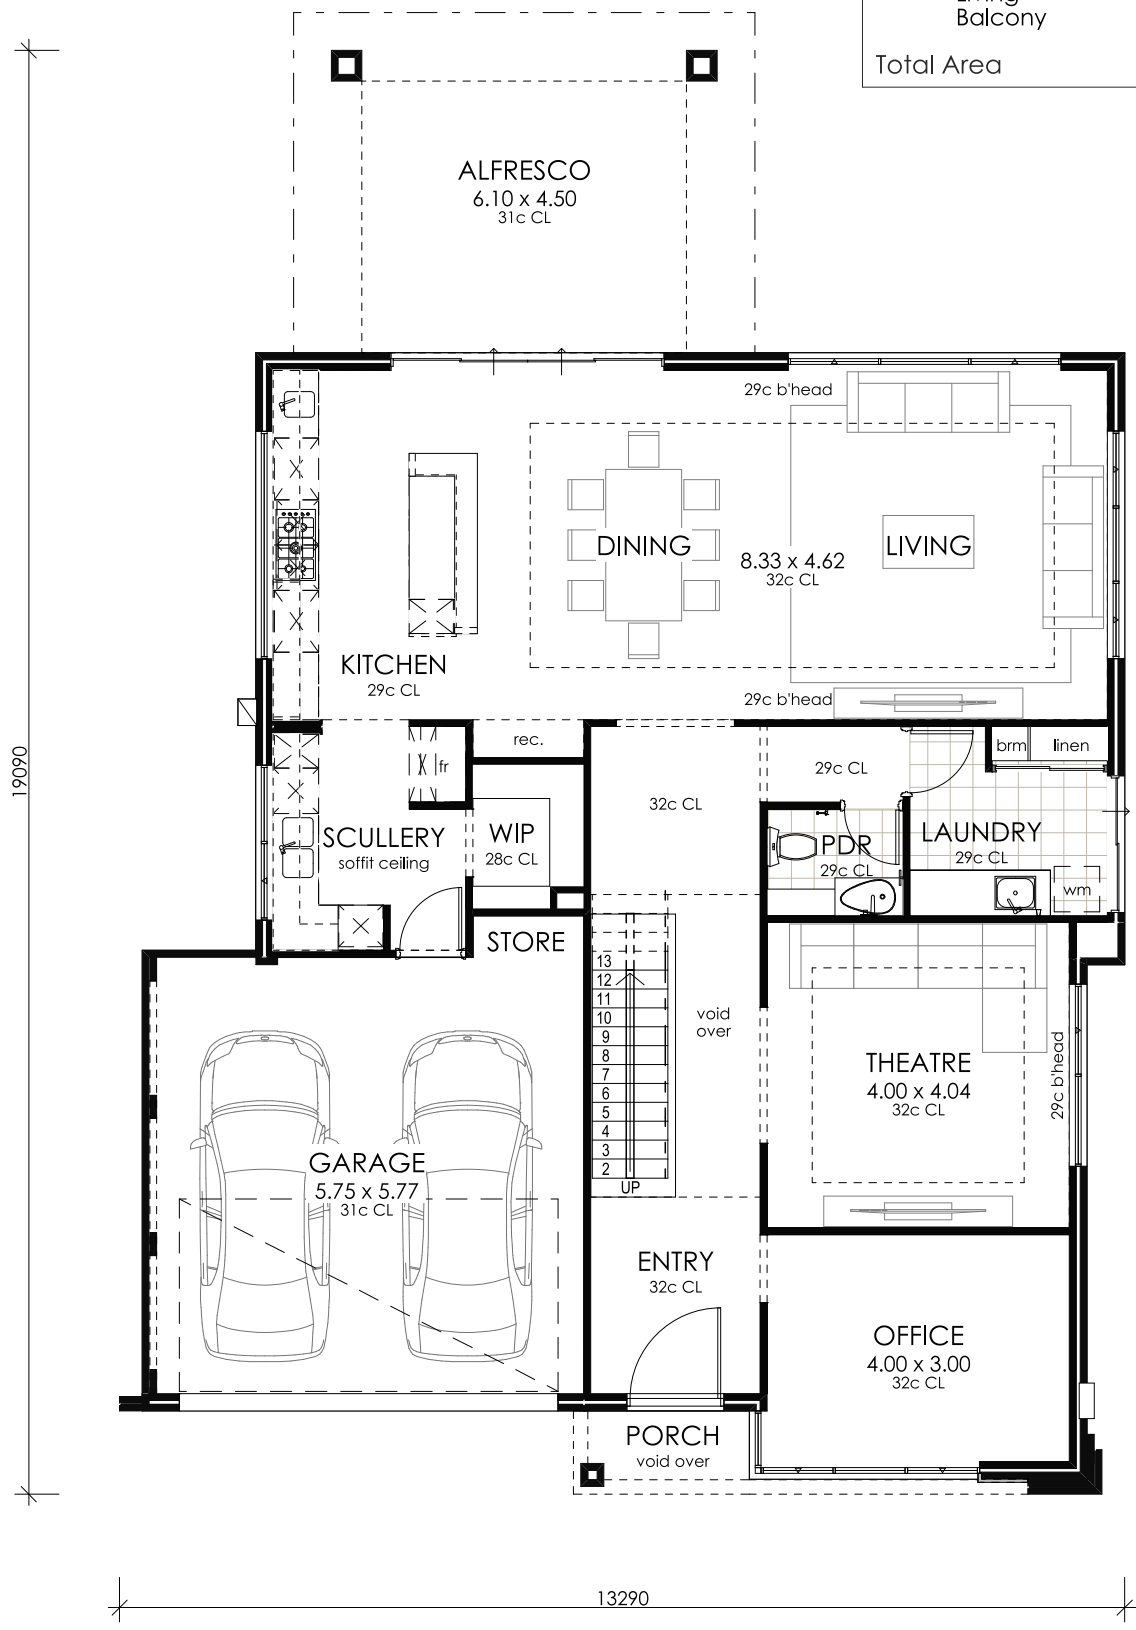

Zircon Living

BEACH SIDE

DISPLAY

63 BURLEIGH DRIVE, BURNS BEACH

Opening Hours: Monday 2-5pm | Wednesday 2-5pm | Saturday & Sunday 1-5pm

zirconliving.com.au

BC 5975

Ground Floor	
Living	134.96
Garage	35.98
Alfresco	20.40
Porch	2.56
<hr/>	
193.90 m ²	
Upper Floor	
Living	147.41
Balcony	6.30
<hr/>	
153.71 m ²	
<hr/>	
Total Area	347.61 m ²

Ground Floor

The Beachside - As Displayed
63 Burleigh Drive Burns Beach

Upper Floor

The Beachside - As Displayed
63 Burleigh Drive Burns Beach

_____

# Problem to solve
Only the lines with the string "Floor" are wanted; pick them out of the records above and copy them.

# Task result
Ground Floor	
Upper Floor	
Ground Floor
Upper Floor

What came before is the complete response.